3. Your thus restraining prayer before God is not only inconsistent with the love, but also with the fear, of God. It is an argument that you cast off fear, as is manifest by that text, Job xv. 4. “Yea, thou easiest off fear, and restrainest prayer before God.” While you thus live in the transgression of so plain a command of God, you evidently show, that there is no fear of God before your eyes. Psal. xxxvi. 1. “The transgression of the wicked saith within my heart, that there is no fear of God before his eyes.”

4. Consider how living in such a neglect is consistent with leading a holy life. We are abundantly instructed in Scripture, that true Christians do lead a holy life; that without holiness no man shall see the Lord, Heb. xii. 14. and that every one that hath this hope in him, purifieth himself, even’ as Christ is pure, 1 John iii. 3. In Prov. xvi. 17. it is said, The highway of the upright is to depart from evil, i. e. the common beaten road in which all the godly travel.
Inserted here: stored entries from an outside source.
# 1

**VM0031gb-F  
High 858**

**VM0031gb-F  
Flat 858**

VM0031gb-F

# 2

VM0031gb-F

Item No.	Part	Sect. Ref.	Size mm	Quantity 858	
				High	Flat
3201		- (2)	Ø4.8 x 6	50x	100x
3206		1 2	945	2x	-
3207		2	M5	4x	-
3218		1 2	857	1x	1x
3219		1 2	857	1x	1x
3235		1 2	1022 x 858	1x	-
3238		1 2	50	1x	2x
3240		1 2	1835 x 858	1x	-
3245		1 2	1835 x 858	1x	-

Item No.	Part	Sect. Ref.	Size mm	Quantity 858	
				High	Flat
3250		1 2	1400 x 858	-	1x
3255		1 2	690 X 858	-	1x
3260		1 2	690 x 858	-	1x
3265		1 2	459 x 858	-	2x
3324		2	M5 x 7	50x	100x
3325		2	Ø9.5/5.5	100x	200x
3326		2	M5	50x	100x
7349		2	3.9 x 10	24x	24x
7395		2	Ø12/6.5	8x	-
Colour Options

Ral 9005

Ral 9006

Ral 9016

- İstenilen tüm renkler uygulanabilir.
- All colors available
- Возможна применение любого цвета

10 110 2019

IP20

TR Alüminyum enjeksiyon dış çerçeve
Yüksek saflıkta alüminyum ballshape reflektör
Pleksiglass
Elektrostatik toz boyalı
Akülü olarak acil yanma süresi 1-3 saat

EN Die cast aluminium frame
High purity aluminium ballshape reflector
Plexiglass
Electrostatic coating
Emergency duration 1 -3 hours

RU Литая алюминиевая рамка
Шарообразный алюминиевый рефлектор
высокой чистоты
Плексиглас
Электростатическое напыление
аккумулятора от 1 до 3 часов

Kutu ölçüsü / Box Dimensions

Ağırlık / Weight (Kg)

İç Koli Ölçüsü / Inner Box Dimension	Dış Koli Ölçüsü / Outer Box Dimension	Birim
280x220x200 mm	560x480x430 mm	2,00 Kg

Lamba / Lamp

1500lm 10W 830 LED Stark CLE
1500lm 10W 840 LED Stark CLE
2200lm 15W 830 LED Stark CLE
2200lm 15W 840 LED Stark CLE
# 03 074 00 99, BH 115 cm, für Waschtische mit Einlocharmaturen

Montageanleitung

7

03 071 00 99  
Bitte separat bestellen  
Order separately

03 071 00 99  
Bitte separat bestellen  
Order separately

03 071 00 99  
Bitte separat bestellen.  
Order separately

To the like purpose is Isa. xxxv. 8. “A highway shall be there, and a way, and it shall be called the way of holiness; the unclean shall not pass over it, but it shall be for those:” i. e. those redeemed persons spoken of in the foregoing verses. It is spoken of in Rom. viii. 1. as the character of all believers, that they walk not after the flesh, but after the spirit.
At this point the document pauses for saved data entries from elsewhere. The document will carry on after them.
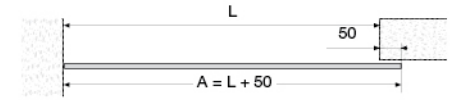

GUÍAS Y HERRAJES PUERTAS CORREDERAS CRISTAL

LITE GLASS 60/100 y LITE TOP GLASS 60/100 - Para 1 hoja móvil de cristal hasta 100 Kg.
Aluminio Anodizado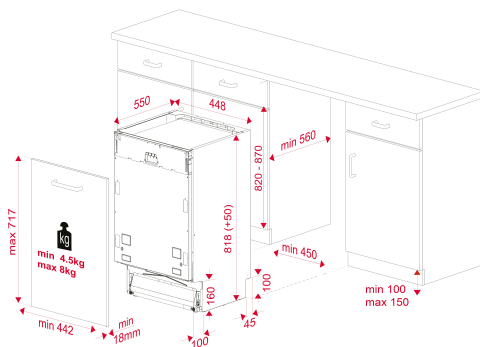

REFERENCIA

REF: 114300007

EAN: 8434778025125

CARACTERÍSTICAS

Lavavajillas de integración

Apertura automática de puerta PremiumDry

Panel de mandos electrónico con display digital LED blanco

Motor inverter

Capacidad: 10 cubiertos

Tercer rociador superior

Tercera bandeja para cubiertos

Seis temperaturas de lavado (35º/40º/45º/50º/65º/70º)

Nueve programas de lavado: AutoClean, Eco, Auto, DualCare,

Intensivo, 1 hora (58' lavado y secado), GlassCare, Mini30,

Prelavado

Funciones: Media Carga, Express, PowerWash, Aclarado Extra

Programación digital diferida (1-24 horas)

Sistema de seguridad AQUASTOP

Sistema de sensores SmartSensor

Sistema MultiCleaner Sensor (3en1)

Posibilidad de instalación en columna

Cesta superior regulable en altura (PushUp - 3 posiciones)

Cesta inferior FlexiSet2 con soportes abatibles

Regulación frontal de patas traseras

Pilotos indicativos de funcionamiento, falta de sal, abrillantador,

programa seleccionado y tiempo restante

DIMENSIONES

Altura del producto (mm): 818

Anchura del producto (mm): 448

Profundidad del producto (mm): 550

Longitud del producto (mm):

Peso neto (kg): 28,5

ESPECIFICACIONES TÉCNICAS

Clase de eficiencia energética: A+++

Consumo energético (kW/día): -

Consumo de agua (litros/año): 2436

Nivel de ruido (dBA): 45

Tasa de potencia (V): 220-240

Frecuencia (Hz): 50

COLORES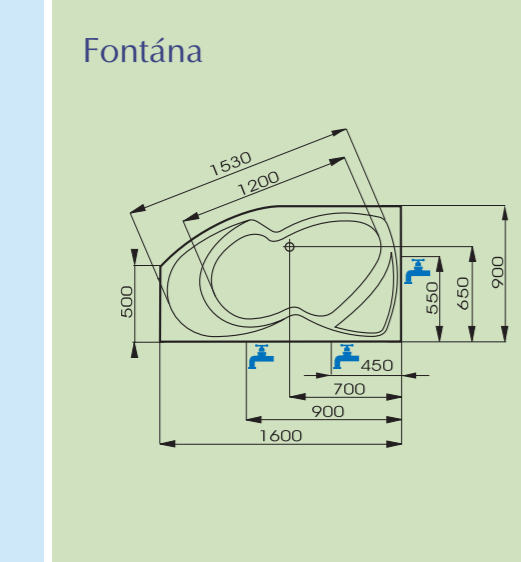

AKRYLÁTOVÉ VANY

Santech
Santech plus s.r.o.
Dr. E. Beneše 1029
765 02 Otrokovice
tel. 577 921 691
fax 577 923 814
santech@iol.cz
santech@santech.cz
www.santech.cz

Santech®

But how is a life, in a great measure prayerless, consistent with a holy life? To lead a holy life is to lead a life devoted to God; a life of worshipping and serving God; a life consecrated to the service of God. But how doth he lead such a life who doth not so much as maintain the duty of prayer? How can such a man be said to walk by the Spirit, and to be a servant of the most high God? A holy life is a life of faith. The life that true Christians live in the world, they live by the faith of the Son of God. But who can believe that the man lives by faith who lives without prayer, which is the natural expression of faith? Prayer is as natural an expression of faith, as breathing is of life; and to say a man lives a life of faith, and yet lives a prayerless life, is every whit as inconsistent and incredible, as to say, that a man lives without breathing. A prayerless life is so far from being holy, that it is a profane life: he that lives so, lives like a heathen, who calleth not on God’s name; he that lives a prayerless life, lives without God in the world.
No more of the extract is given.